Hint 3: If $p^2 \nmid 2a_0$ show that $p^2 \nmid a_0$.

Answer 2

$$\begin{align} &\ \ \ \ \overbrace{p\nmid 2a_n,\ \ \ \ p\mid 2a_{n-1},\ldots, p\mid 2a_0,\ p^2\nmid 2a_0}^{\textstyle 2a(x)\ {\rm is}\ p\text{-Eisenstein}}\\[.1em] \Longrightarrow\ &p\nmid 2,\, \underbrace{p\nmid a_n,\ p\mid\ a_{n-1},\,\ldots,\, p\mid a_0,\ \ p^2\nmid a_0}_{\textstyle a(x)\ {\rm is}\ p\text{-Eisenstein}}\\[.5em] &\ \ \ \text{since }\,p\nmid 2,\ p\mid 2a_i\,\Rightarrow\, p\mid a_i\ \ \rm by\ Euclid \end{align}\qquad$$

More conceptually recall the key idea in Eisenstein is the $\,a(x) \equiv cx^n\pmod{\!p}\,$ is (an associate) of a prime power $\,x^n\,$ and prime products factor uniquely.
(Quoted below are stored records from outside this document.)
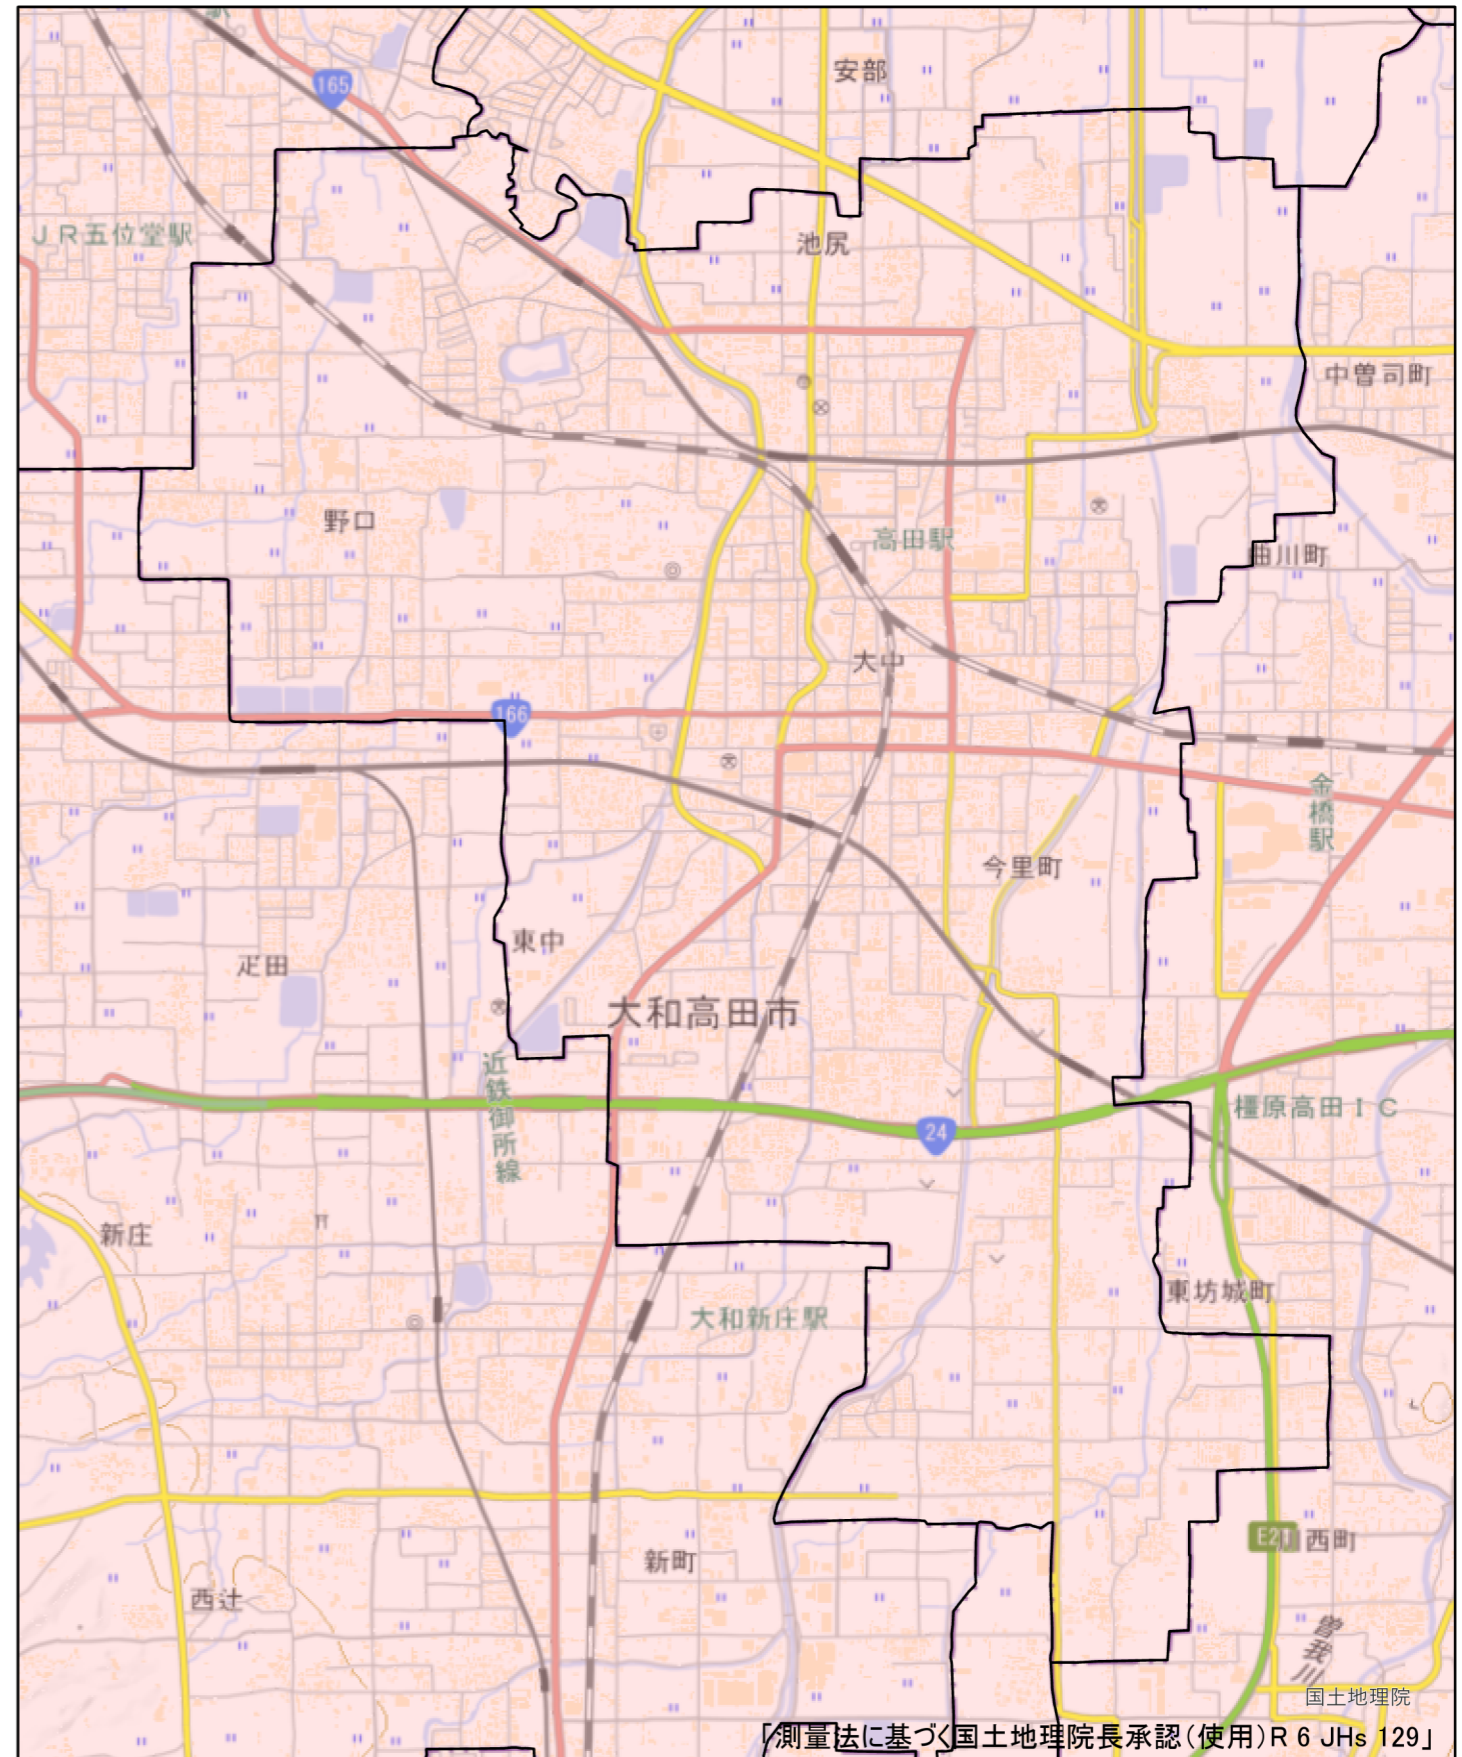

盛土規制法 規制区域(案)

全体及び詳細位置図

区 域	大和高田市 宅地造成等工事規制区域 特定盛土等規制区域 の候補区域
所 在 地	奈良県 大和高田市
調 査 時 期	令和5年4月～令和6年5月

全体位置図(S=1:600,000)

詳細位置図(S=1:30,000)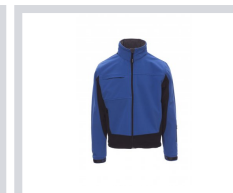

STORM

000215-0053

WP 8000 mm H₂O, MVP 5000 g/m² 24h. Giacca ergonomica da uomo bicolore, zip lunga SBS nastrata, cappuccio richiudibile nel colletto, polsini regolabili con stringi polso gommati e velcro, due tasche laterali con zip, una tasca al petto con porta badge a scomparsa, una tasca skipass al braccio, coulisse in vita. Una tasca interna e due zip per agevolare stampa e ricami al petto e alle spalle.

BIANCO/GRIGIO

ROSSO/NERO

VERDE/NERO

BLU NAVY/BLU ROYAL

BLU ROYAL/NERO

STEEL GREY/NERO

NERO/NEON GIALLO

Guida alle taglie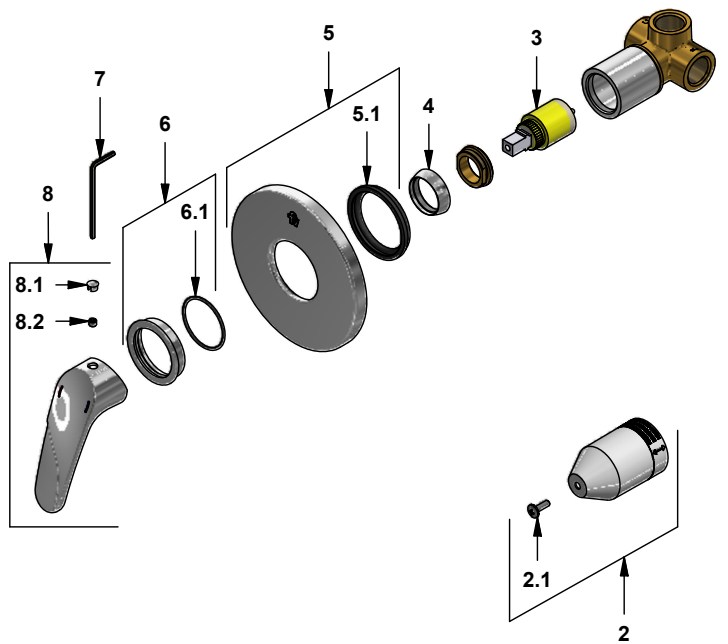

# Juego monocomando para ducha

Código: **E108/L5E**

Línea: **Iguazú (L5E)**

**COD.:** **ACABADO:**

CR Cromo

Incluye:

## LISTA DE REPUESTOS

#	CÓDIGO	DESCRIPCIÓN
1	120.10.1E.01 Cr	Ducha plástica completa
1.1	269.13	Roseta Metálica
1.2	120.10.1E.02	Cabeza de ducha armada
1.2.1	119.12.34	Filtro
1.2.2	120.85.27.0	Restrictor de caudal a 9.5 l/min
2	108.71.26.02	Proteccion plástica completa
2.1	103.49.32 Ai	Tornillo cabeza tanque W5/32"
3	511.02.06.25.0	Cartucho cerámico monocomando
4	108.71.7	Capuchón
5	108.39.13.0	Roseta
5.1	108.B1.8	Empaque
6	108.71.24.02	Anillo para roseta con O´ring
6.1	108.71.33	O´ring W:1.78; DI:34.65
7	106.19	Llave hexagonal "Allen" B.LL.:2.5
8	181.L5E.14.0	Manija completa
8.1	181.39.16	Tapón
8.2	160.70.9	Prisionero M5 x 4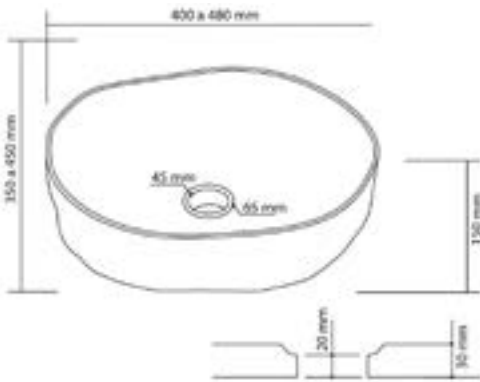

Tabarca

Lavabo sobre encimera · Forma irregular
Countertop washbasin · Irregular shaped / Vasque à poser · Formes irrégulières

400/480x350/450x150

📦 25 kg. ud. 📷 p. 15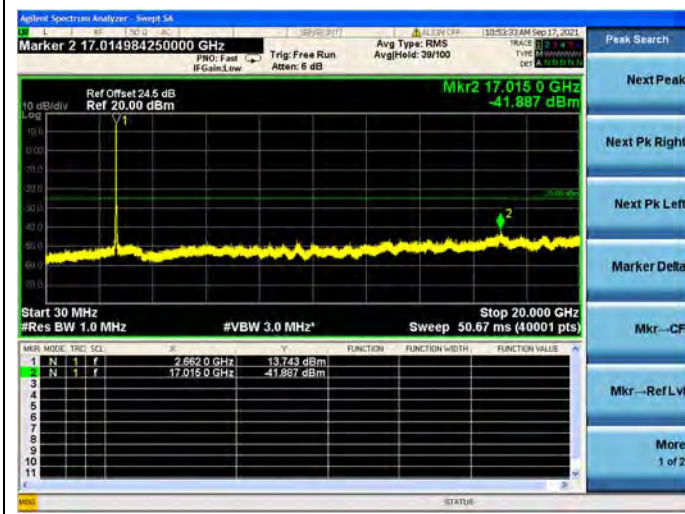

Band 41 / 15MHz / Low CH / QPSK

Band 41 / 15MHz / Low CH / 16QAM

Band 41 / 15MHz / Low CH / 64QAM

Band 41 / 15MHz / Mid CH / QPSK

Band 41 / 15MHz / Mid CH / 16QAM

Band 41 / 15MHz / Mid CH / 64QAM

Band 41 / 15MHz / High CH / QPSK

But this form is preserved by unit scalings, i.e.

$$\begin{align}\bmod p\!:\,\ 2a(x) &\equiv c\ x^n,\ \ c\not\equiv 0,\ \ p^2\nmid 2a(0)\\[.3em] \Rightarrow\, 2\not\equiv 0,\ a(x)&\equiv \bar c\, x^n,\,\ \bar c\not\equiv 0,\ \ p^2\nmid a(0),\,\ \bar c = c/2\end{align}\qquad$$

Answer 3

If

$2a(x) \in \Bbb Z[x] \tag 1$

is Eisenstein with respect to $p \in \Bbb P$, then $p \ne 2$ since Eisenstein forbids $p \mid 2a_n$, where

$a(x) = \displaystyle \sum_0^n a_i x^i \in \Bbb Z[x]; \tag 2$

since

$p \not \mid 2a_n, \tag 3$

we immediately have

$p \not \mid a_n; \tag 4$

with $p \ne 2$ and

$p \mid 2a_i, \; 0 \le i < n, \tag 5$

we may infer

$p \mid a_i, \; 0 \le i < n; \tag 6$

this follows from the well-known property of primes:

$p \mid ab \Longleftrightarrow [p \mid a] \vee [p \mid b]; \tag 7$

and if $p \ne 2$ and

$p^2 \mid 2a_0, \tag 8$

then

$\exists r \in \Bbb Z, \; p^2r = 2a_0, \tag 9$

whence

$p \mid 2a_0 \Longrightarrow p \mid a_0 \Longrightarrow \exists s \in \Bbb Z, \; ps = a_0, \tag{10}$

from which

$p^2r = 2ps; \tag{11}$

thus

$pr = 2s \Longrightarrow p \mid s \Longrightarrow \exists t \in \Bbb Z, \; s = pt; \tag{12}$

now in light of (10) we may write

$p^2t = a_0 \Longrightarrow p^2 \mid a_0. \tag{13}$

(4), (6) and (13) together show that $a(x)$ is $p$-Eisenstein, that is, Eisenstein with respect to $p \in \Bbb P$, as desired.